Unprotected distal left main trifurcation (ULMT) lesion represents a challenge for interventional cardiologists with the potential for peri-procedural complications and adverse events at follow-up especially when the main branch and the side branches are concomitantly diseased.


A retrospective cohort analysis was performed on consecutive patients with ULMT stenosis who electively underwent percutaneous coronary intervention (PCI) with drug-eluting stent (DES) implantation in order to assess the technical feasibility and long-term outcomes according to the disease distribution in the trifurcation branches (true vs. non-true ULMT). Primary endpoint of the study was a composite of major adverse cardiovascular events (MACE) defined as cardiac-death, myocardial infarction (MI), and target lesion revascularization (TLR) during follow-up.


Eighty-four patients underwent PCI with DES for ULMT disease during the study period (40 true trifurcation and 44 non-true trifurcation).

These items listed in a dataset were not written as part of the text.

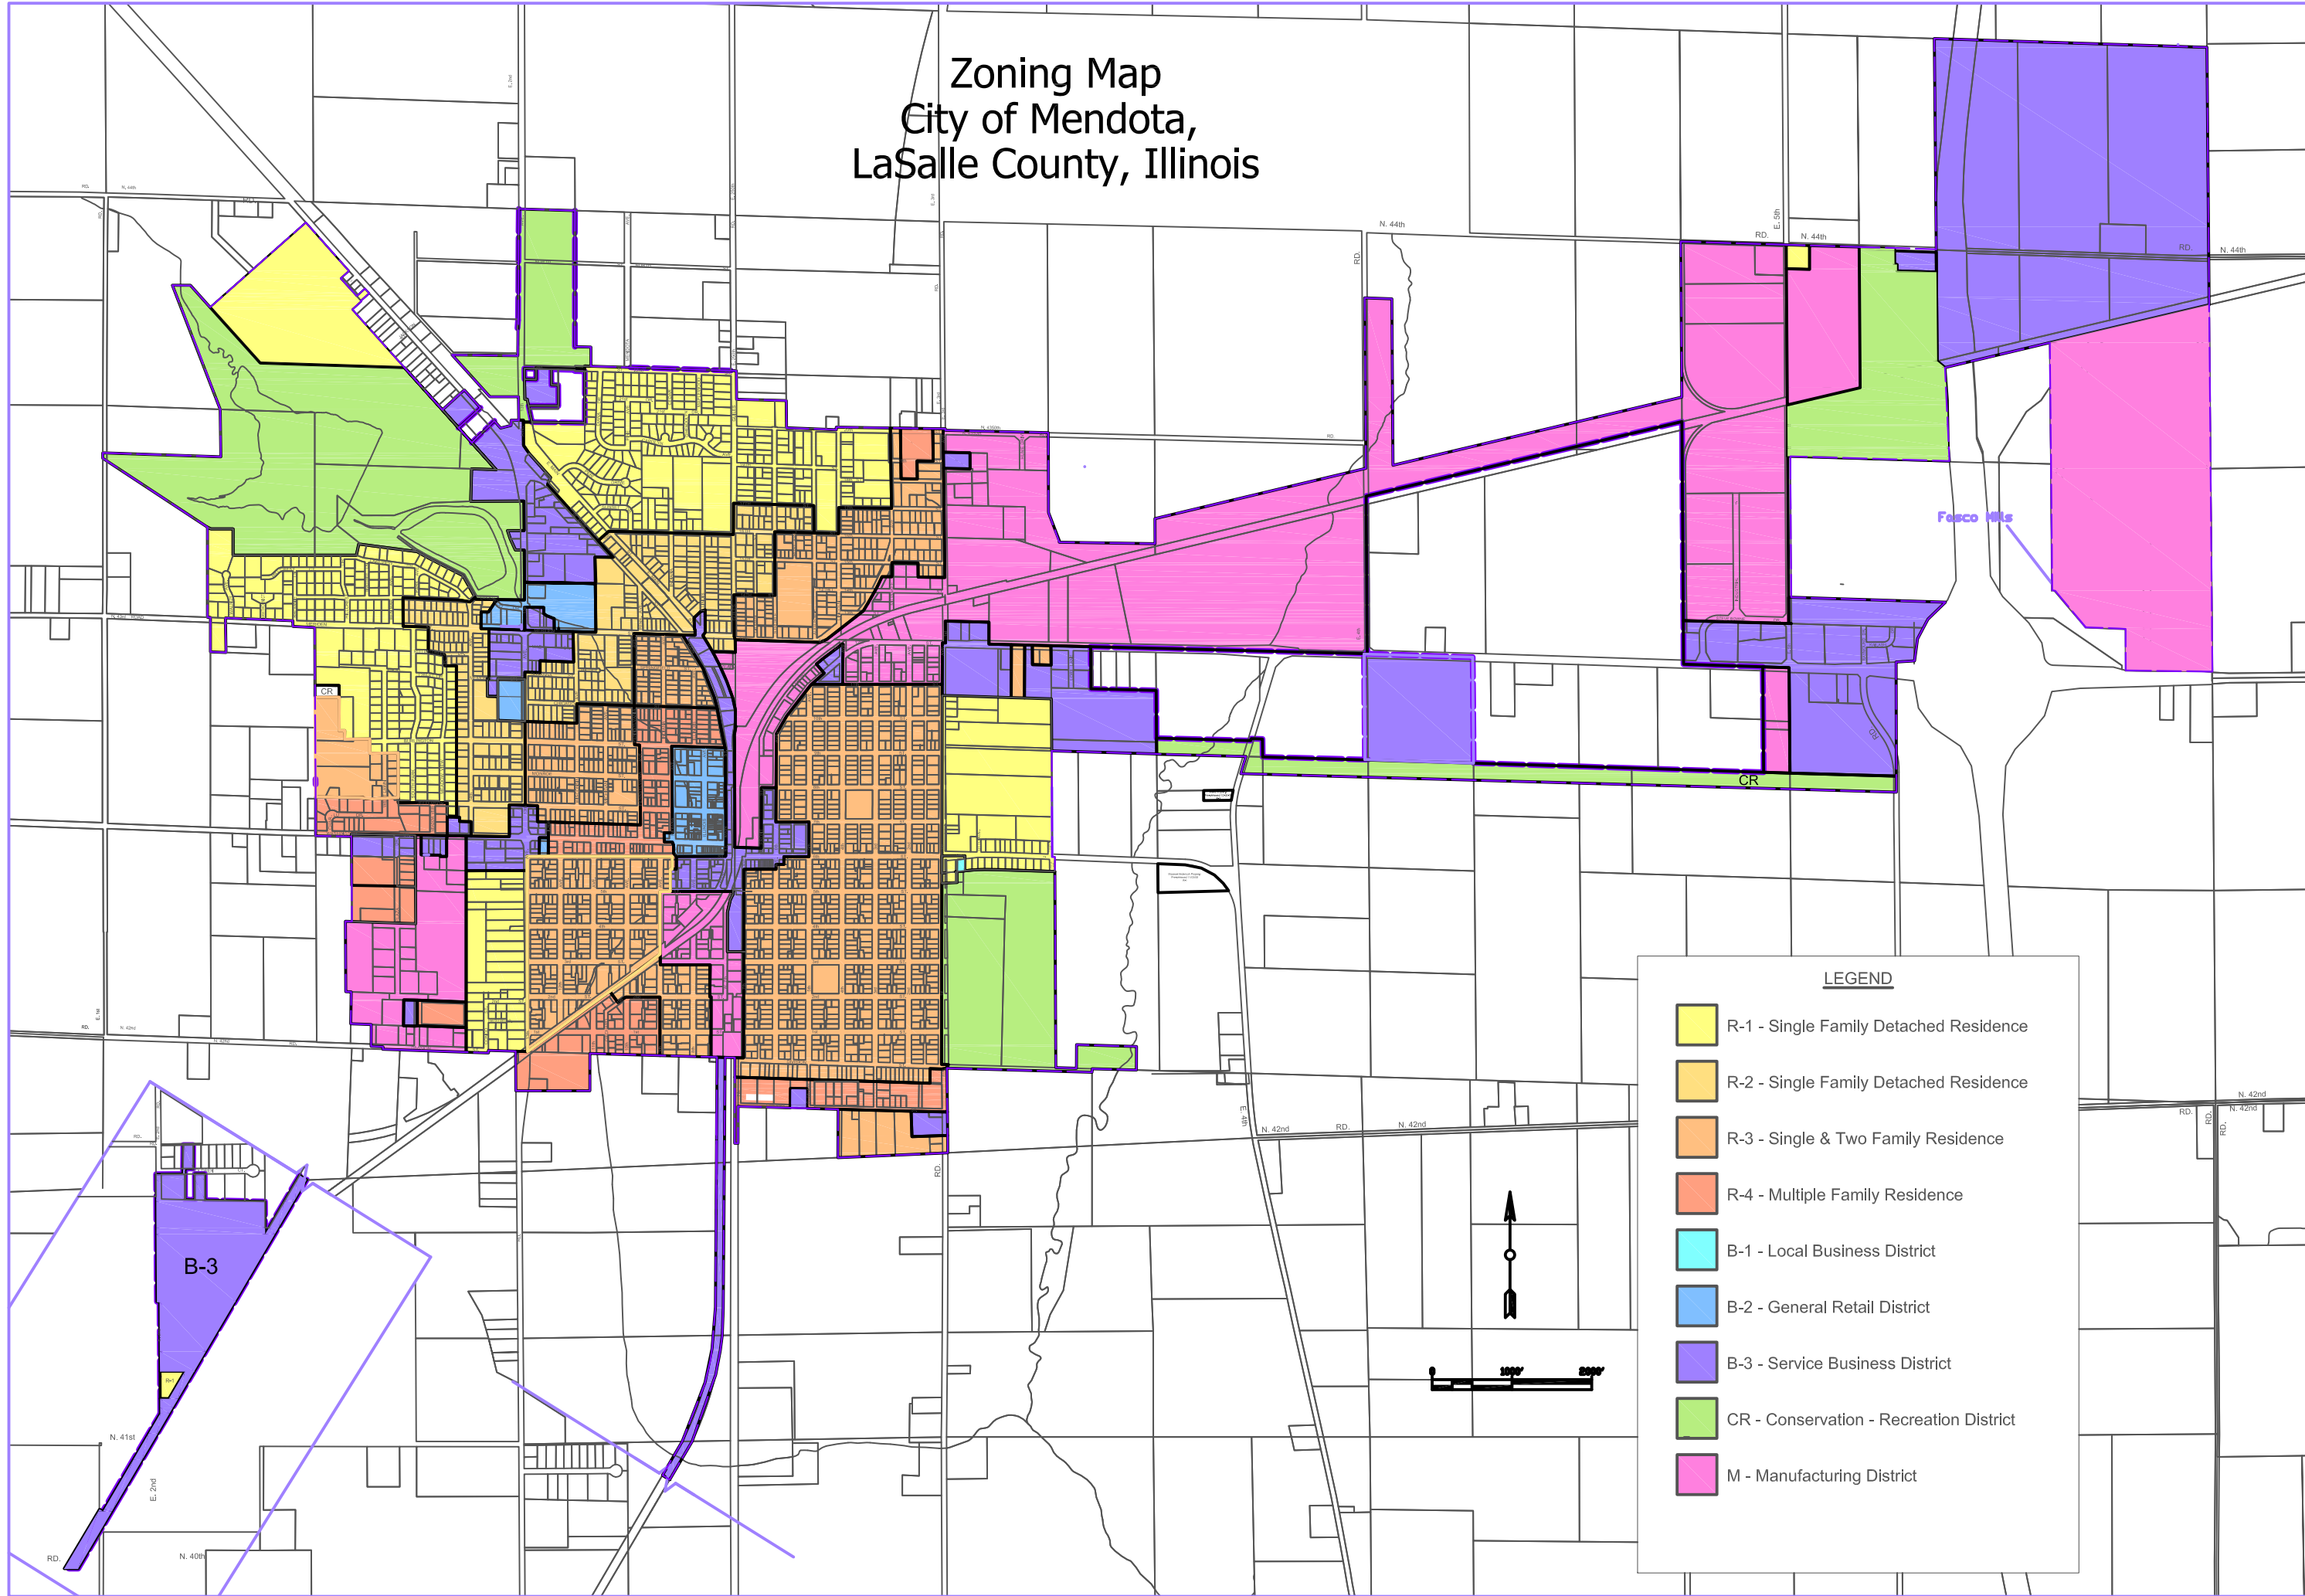

# Zoning Map City of Mendota, LaSalle County, Illinois

## LEGEND

- R-1 - Single Family Detached Residence
- R-2 - Single Family Detached Residence
- R-3 - Single & Two Family Residence
- R-4 - Multiple Family Residence
- B-1 - Local Business District
- B-2 - General Retail District
- B-3 - Service Business District
- CR - Conservation - Recreation District
- M - Manufacturing District

Angiographic and procedural success were obtained in 94% and 92.8% of cases. At 3-years follow-up, the occurrence of MACE was significantly higher in patients with true ULMT than in those with non-true ULMT (HR 2.801 [confidence interval; CI 1.164–7.896], P = 0.025) due to a higher TLR rate (HR 3.032 [CI 1.164–7.896], P = 0.023). No episodes of late and very late definite/probable stent thrombosis (ST) occurred. On multivariable analysis, a true-ULMT lesion was the only independent predictor of MACE (HR 2.344 [C.I. 1.006–5.461], P = 0.049).


PCI with DES for ULMT stenosis is feasible with a high procedural success rate and no definite/probable ST reported at follow-up. A true trifurcation lesion is associated with enhanced risk of MACE mainly driven by TLR. © 2013 Wiley Periodicals, Inc.